At that point of recognition that your visiting Gremlin isn’t real, if you have the time and curiosity, you can either examine it (e.g. “Does this Gremlin actually apply to my reality right now? And if it does, is my Gremlin blowing it way out of proportion?”). Then tell it the simple truth: “Self-doubt Gremlin, you are blowing this WAY out of proportion.” And if you want to really give it a kick (my favorite way) imagine yourself physically swatting or swiping it away with a stern command like “Self-doubt Gremlin, stop undermining my confidence!” SWIPE to the next, better moment in my life.

Replace it.

With the Gremlin gone, it helps to shut the barn door to keep it from coming back. One way to fortify your defenses against the Gremlin’s return is to give yourself a moment to take one or two deep breaths and remember a time (just one time will do) where you were at your best or you were successful at overcoming whatever it was the Gremlin was bugging you about (e.g. “Remember the time I aced that job interview? I’ve got this!”). And if, in the heat of the moment, you can’t come up with a time you were successful – just say an affirmation to yourself a few times, like “I can do this” or “I am calm and confident.”

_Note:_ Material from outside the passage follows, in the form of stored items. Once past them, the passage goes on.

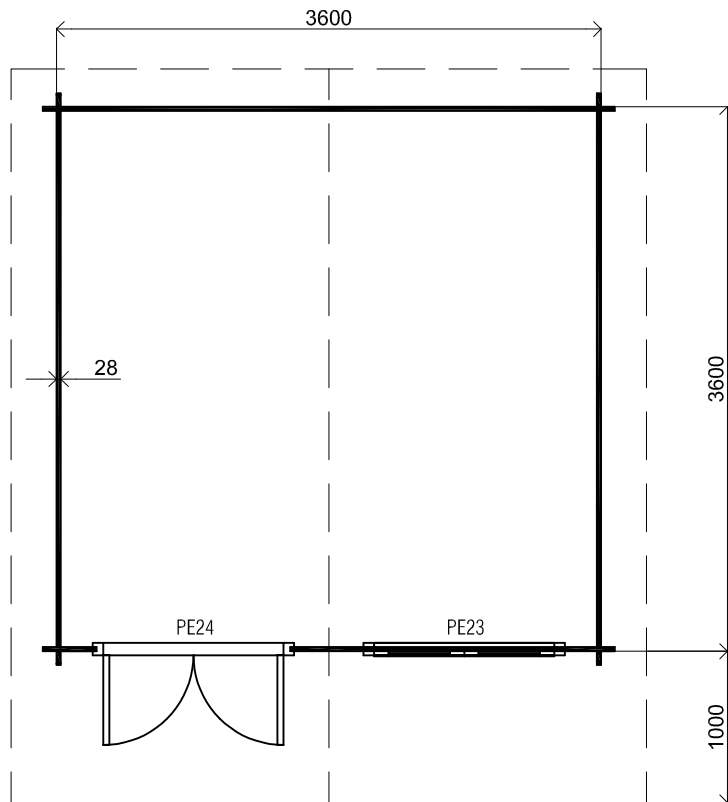

Vooraanzicht / Front view / Vorderansicht

(R) Zijaanzicht / Side view / Seiten ansicht

Blokhut/Log cabin

Omschrijving / Description:
360x360cm 28mm
Onderdeel / Component:
Bouwtekening / Construction drawing
Dealer:
Dealer
Ref.:
p78 LO

Ordernr.:
Ordernr
Schaal / Scale:
1:50

BLAD NR.:
BT

LUGARDE®

©LUGARDE® Laren Holland
www.lugarde.com
sale@lugarde.nl

Simply the best

Achteraanzicht / Rear view / Hinterseite

(L) Zijaanzicht / Side view / Seiten ansicht

Blokhut/Log cabin

Omschrijving / Description:
360x360cm 28mm
Onderdeel / Component:
Bouwtekening / Construction drawing
Dealer:
Dealer
Ref.:
p78 LO

Ordernr.:
Ordernr
Schaal / Scale:
1:50

BLAD NR.:
BT

LUGARDE®

You can overcome negative self-talk Gremlins!

At their very core, Gremlins are tied to negative emotions. So finding a time in your past when you were successful activates positive emotions that help you keep that Gremlin from coming back.

Yes, there will, mostly likely, be repeat visitors. Some of these little monsters take a few swats to get the picture. But each time you recognize them and run this quick process, they lose a little bit more of their power over you until they stop coming back altogether.

And the good news is, dealing with your old Gremlins helps you become more resilient and helps keep you from developing new ones too.

There are some Gremlins, particularly those based in childhood trauma, abuse, PTSD or other severe emotional experiences, that require a bit more work to identify and heal. And that’s when it’s helpful to consult with a professional counselor, psychologist or therapist.

But if you’re just pestered by the occasional visitor zapping your self-esteem or stoking your worries about the future, try this quick strategy to get them out of the way and begin healing. And if you have trouble identifying and naming your Gremlins, a coach might be able to help.